WORK ITEM: Every line in the records below with the string "Pack" needs to be copied out.

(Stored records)
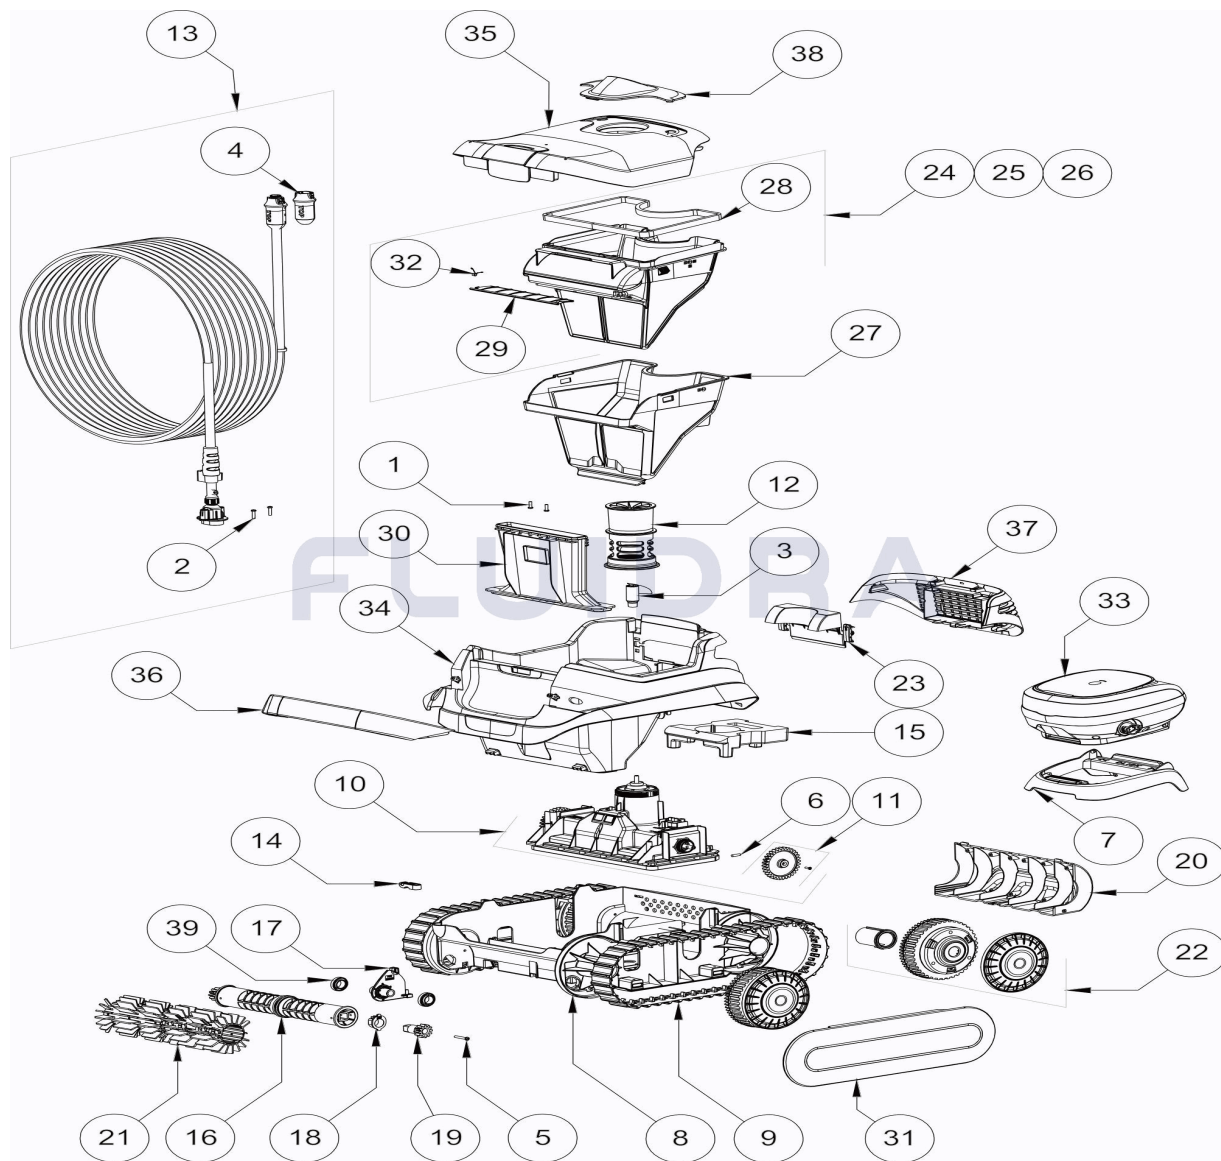

ITEM

REV.: 0

7285

DATA: 23/02/2023

FOLHA: 11/12

CODIGO

WR000554

DESCRIÇÃO: **BLUEDROPS MODEL 10**

PORTUGUES

POS	CODIGO	DESCRIÇÃO	JANTIDADE	POS	CODIGO	DESCRIÇÃO	JANTIDADE
1	R0516700	PARAFUSO 4*12 MM (Pack 5 UN)	1	16	R0896400	ROLO PORTA-ESCOVAS CN (*2)	1
2	R0608500	PARAFUSO 4*16 MM A4 (Pack 5 UN)	1	17	R0896500	CLIP FIXAÇÃO ROLOS CN	1
3	R0633200	HÉLICE CYCLONX	1	18	R0896600	ROLAMENTO EXTERIOR CN (*2)	1
4	R0634100	CORPO LIGAÇÃO 3 PINS	1	19	R0896700	PINHÃO 12 DENTES, CN (*2)	1
5	R0638900	PARAFUSO 4*25 MM (Pack 5 UN)	1	20	R0896800	TAMPA TRASEIRA CHASSIS CN	1
6	R0657900	PASSADOR Ø4 EIXO BLOCO MOTOR (PAC)	1	21	R0896900	ESCOVAS CN CINZA CLARO (*2)	1
7	R0662600	SUPORTE CAIXA DE COMANDOS	1	22	R0897300	RODA CN	4
8	R0895100	CHASSIS	1	23	R0897400	KIT DE VÁLVULA TRASEIRA CN	1
9	R0895200	LAGARTAS CN (*2)	1	24	R0897500	FILTRO CN 100µ - SINGLE	1
10	R0895400	BLOCO MOTOR CN NO LED	1	25	R0897600	FILTRO CN 150µ - DUAL	1
11	R0895600	RODA DENTADA CN (*2)	1	26	R0897700	FILTRO CN 200µ - SINGLE	1
12	R0895700	CANALIZADOR DE FLUXO CN	1	27	R0898100	FILTRO CN 60µ - DUAL	1
13	R0895800	CABO FLUTUANTE CN 15M	1	28	R0898300	JUNTA DE TAMPA CN	1

ANSWER FOR THE TASK:
1	R0516700	PARAFUSO 4*12 MM (Pack 5 UN)	1	16	R0896400	ROLO PORTA-ESCOVAS CN (*2)	1
2	R0608500	PARAFUSO 4*16 MM A4 (Pack 5 UN)	1	17	R0896500	CLIP FIXAÇÃO ROLOS CN	1
5	R0638900	PARAFUSO 4*25 MM (Pack 5 UN)	1	20	R0896800	TAMPA TRASEIRA CHASSIS CN	1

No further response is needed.